◆ INSTRUCTIONS FOR THE TASK ◆
Your answer should hold all lines of the entries that include the word "höhenverstellbar".

▼

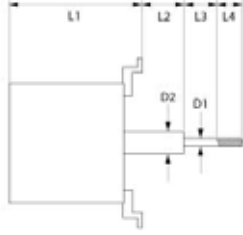

LAFERT

Pos.	Bestell-Nr.	Spannung (V)	Ph	Freq. (Hz)	P (kW)	Drehzahl (U/min)	V	L1 (mm)	L2 (mm)	L3 (mm)	L4 (mm)	D1 ø (mm)	D2 ø (mm)	pass.für	Vergl.-Nr.
1	500140	220-240	1	50	0,04	2800	1	98	23	10	10	7/8	6	Bertos Foinox Lainox	25118000 10701 R65040101
2	500815	220-240	1	50	0,07/0,2	950/1350	2	140	70	35	22	9/10	12	Electrolux Zanussi	058994 058994
3	601354	220-240	1	50	0,11	2760	1	130	32	30	18	7/8	9	Foinox Giorik Lainox	1100C 6032128 50405580
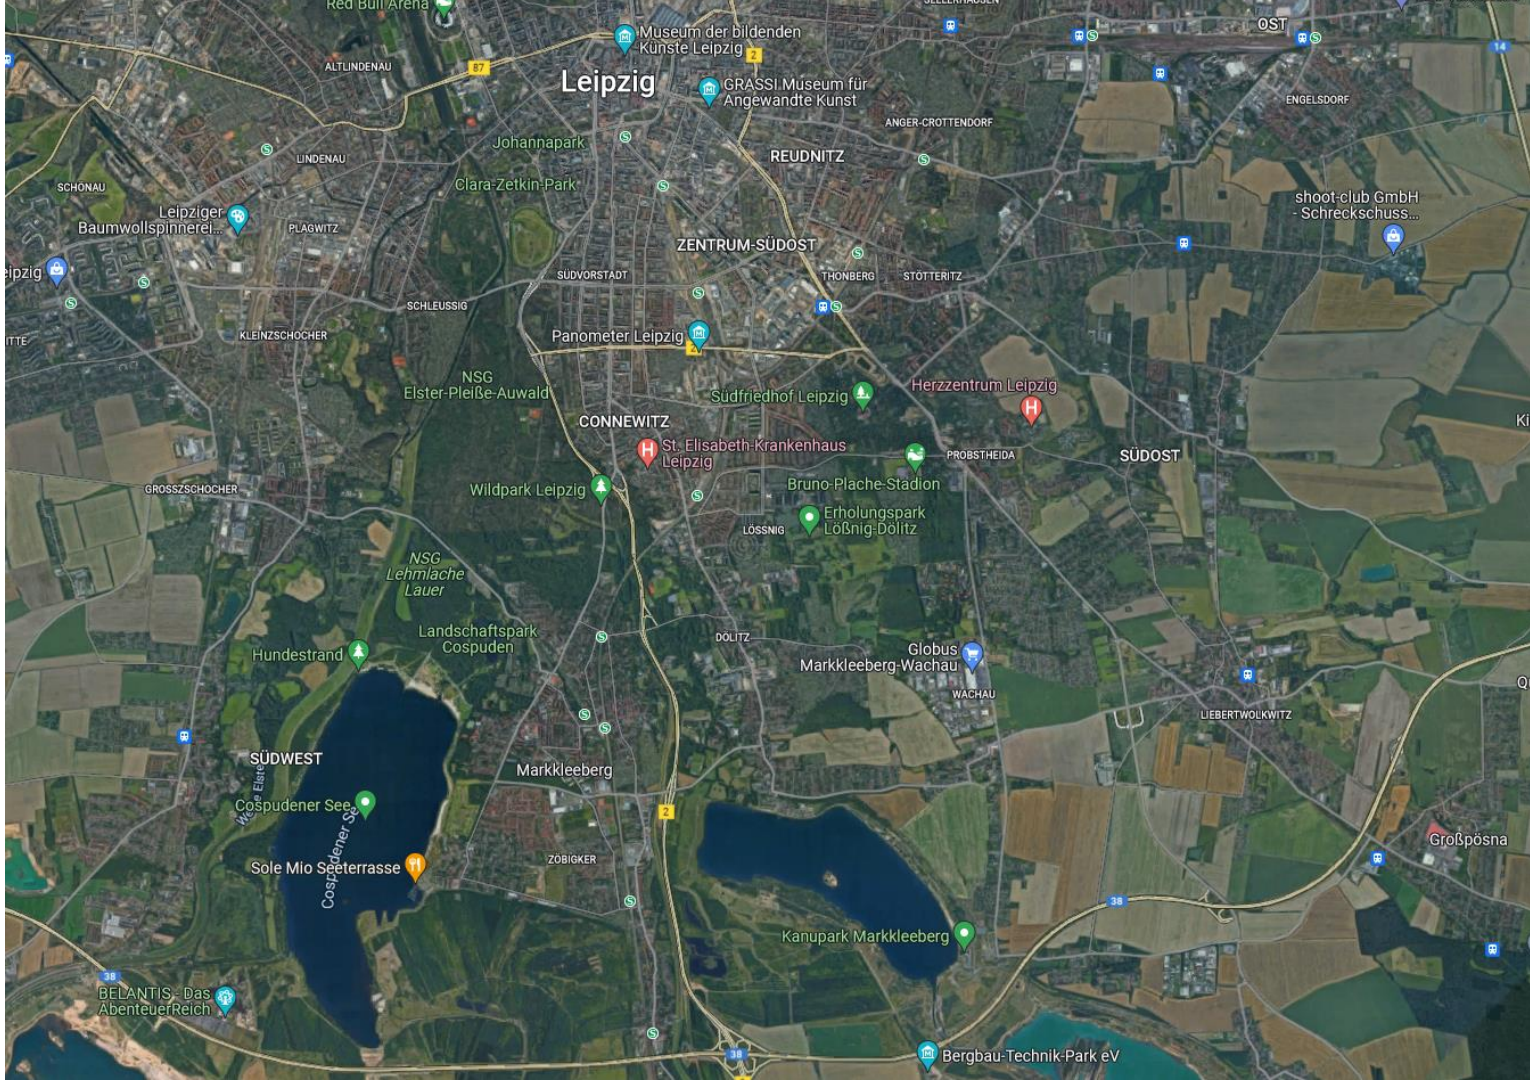

Leipziger Baumwollspinnerei

PLAGWITZ

ZENTRUM-SÜDOST

SÜDVORSTADT

STÖTTERITZ

GRÜNAU-MITTE

KLEINZSCHOCHER

Völkerschlachtdenkmal

Grünau

CONNEWITZ

Herzzentrum Leipzig

PROBSTHEIDA

SÜDOST

GROSSZSCHOCHER

LÖSSNIG

Flughafen Leipzig/Halle

RADEFELD

Porsche Experience Center Leipzig

NORD

SEEHAUSEN

Schkeuditz

Leipziger Messe

PLAUSSIG-PORTITZ

LINDENTHAL

Klinikum St. Georg Leipzig

MOCKAU-NORD

HORNBACH Leipzig

Schlosspark Lützschena

LÜTZSCHENA-STAHMELN

NORDWEST

WARREN

EUTRITZSCH
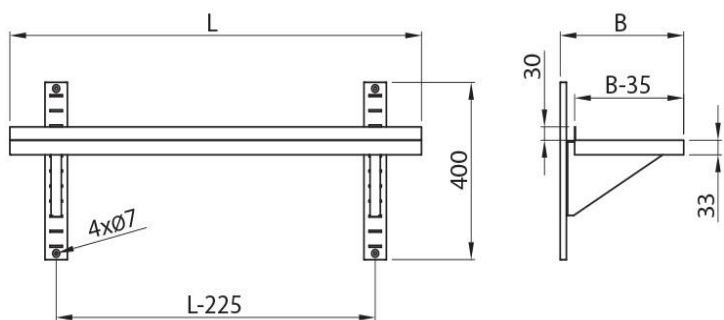

A3PT-092

PÓŁKA WISZĄCA PRZESTAWNA

Adjustable hanging shelf

Wandbord höhenverstellbar

Szafki i półki wiszące

Hanging cupboards and shelves

Wandhängeschränke und Wandböden

- Dla $L > 1400$ półka z 3 – ma konsolami

For $L > 1400$ shelf with 3 brackets

Für die Breite $L > 1400$ Bord mit 3 Konsolen

- Półka przestawna (regulacja co 34 mm)

Movable shelf (adjustable every 34 mm)

Zwischenboden höhenverstellbar (einstellung aller 34mm)

Nr kat./index	L	B	H
A3PT-092.08.03.040	800	300	400
A3PT-092.09.03.040	900	300	400
A3PT-092.10.03.040	1000	300	400
A3PT-092.11.03.040	1100	300	400
A3PT-092.12.03.040	1200	300	400
A3PT-092.13.03.040	1300	300	400
A3PT-092.14.03.040	1400	300	400
A3PT-092.15.03.040	1500	300	400
A3PT-092.16.03.040	1600	300	400
A3PT-092.17.03.040	1700	300	400
A3PT-092.18.03.040	1800	300	400

Nr kat./index	L	B	H
A3PT-092.08.04.040	800	400	400
A3PT-092.09.04.040	900	400	400
A3PT-092.10.04.040	1000	400	400
A3PT-092.11.04.040	1100	400	400
A3PT-092.12.04.040	1200	400	400
A3PT-092.13.04.040	1300	400	400
A3PT-092.14.04.040	1400	400	400
A3PT-092.15.04.040	1500	400	400
A3PT-092.16.04.040	1600	400	400
A3PT-092.17.04.040	1700	400	400
A3PT-092.18.04.040	1800	400	400
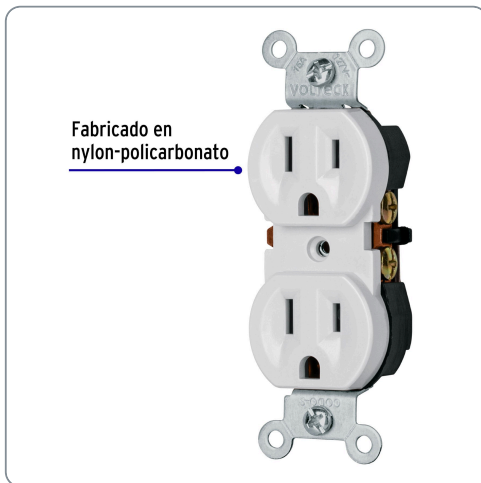

**VOLTECK** CÓDIGO: 47733 CLAVE: CODO-SGB

**Contacto dúplex, 2 polos 3 hilos, Standard, granel, blanco**

- Fabricado en polipropileno
- Montaje en placa dúplex línea Standard

Datos de empaque	
Empaque Individual: Granel	
Empaque logístico	Cantidad
Inner	10
Master	120
Pallet	13440

**Certificaciones y garantías**

Cumple la norma: NOM-003-SCFI

Producto fabricado en China bajo las estrictas especificaciones de Truper

Especificaciones técnicas	
Tensión / Frecuencia	127 V / 60 Hz
Corriente	15 A

▲

◆ TASK SOLUTION ◆
Wandbord höhenverstellbar
Zwischenboden höhenverstellbar (einstellung aller 34mm)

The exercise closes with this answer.